6. Constatou-se moderna evolução cultural nas teorias de política empresarial em busca de
um equilíbrio entre capital e trabalho: privilegiar os acionistas ou investir na qualificação
dos empregados e na manutenção e ampliação de empregos.
25
7. A teoria do acionista, clássica e tradicional entre os economistas e empresários
americanos, ao atribuir a maximização dos lucros aos investidores de capitais, restringe a
política de melhoria salarial e de ampliação dos quadros funcionais.
8. Em contrário, empresas internacionais, inspiradas nos princípios da kyosei (bem comum
e dignidade humana), vêm adotando políticas voltadas a privilegiar o capital humano e o
trabalho, apostando em igual crescimento qualitativo da produtividade e do lucro.
9. No Brasil, pela Lei das Sociedades por Ações (L. 6.404/76), revigorada pelos Princípios
e Direitos Fundamentais da Constituição Federal, e em seu art. 170 sobre a ordem
econômica, a liberdade de iniciativa empresarial se orienta a finalidades comunitárias, para
garantir a existência digna das pessoas, segundo os ditames da justiça social.
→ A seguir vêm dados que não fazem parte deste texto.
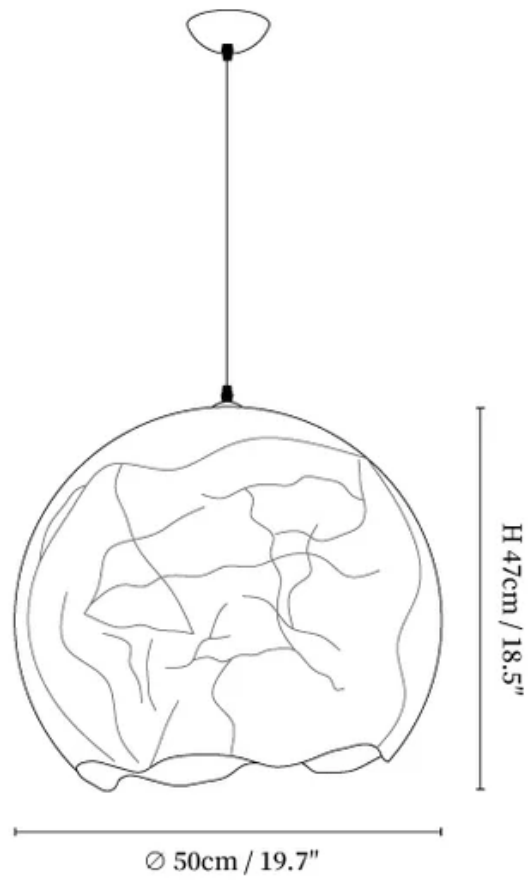

SPECIFICATION SHEET

SPECIFICATION DETAILS

*For custom options, consult factory for details

Fixture Dimensions	D 11.8" x H 11.4", D 15.7" x H 15", D 19.7" x H 18.5"
Light source	E27 or E26. (bulb not included)
Wattage	MAX 40W incandescent bulb or LED equivalent.
Voltage	AC 110-240V
Mounting	Hardwired.
Dimming	Compatible with dimmable bulbs (bulb not included)
Control method	Compatible with common wall switches(
Finishes	White.
Shade Details	White.
Material	Metal, Acrylic shade, Paper art, Natural mulberry silk.
Wire Length	The standard length of the cord is 59" (150 cm), the length is adjustable.

Destacam-se
na Constituição, como funções sociais da empresa, a redução das desigualdades, a
manutenção do pleno emprego e a responsabilidade ambiental.
10. Concluímos que as normas constitucionais, ao organizarem o Estado democrático de
Direito, se dirigem à formação integral do Homem, no respeito à sua dignidade essencial,
visando a geração de cidadãos responsáveis. Como regime político na liberdade, é
necessária a construção e sustentação do Bem comum em todas as atividades humanas. É
ele o aglutinador responsável, fomentador dos grupos sociais naturais, famílias,
comunidades, sindicatos, associações, organizações não governamentais, e as empresas.
11. A recente Encíclica Caritas in Veritate incentiva a iniciativa empresarial e lembra que
os princípios da solidariedade e fraternidade, básicos para a vida social, devem orientar a
economia a superar a lógica de acumulação de riquezas sem distribuí-las de imediato,
porque ofende a dignidade das pessoas.
12. Recorda que a solidariedade é necessária dentro da atividade produtiva, como tratam de
realizá-la as atividades de responsabilidade social das empresas. A economia é um fato
humano e comunitário e sua dimensão ética situa-se no interior do processo produtivo, e
não apenas no momento seguinte.
26
13. O princípio da fraternidade assume papel proeminente na economia, pois uma
sociedade fraterna é também solidária. A fraternidade é princípio de organização social,
pois permite aos semelhantes serem diferentes na liberdade e na igualdade, garante a livre
atividade econômica, e oferece aos empresários uma nova visão social para além dos
limites da empresa, enfatizando seu compromisso ético com vistas ao bem comum.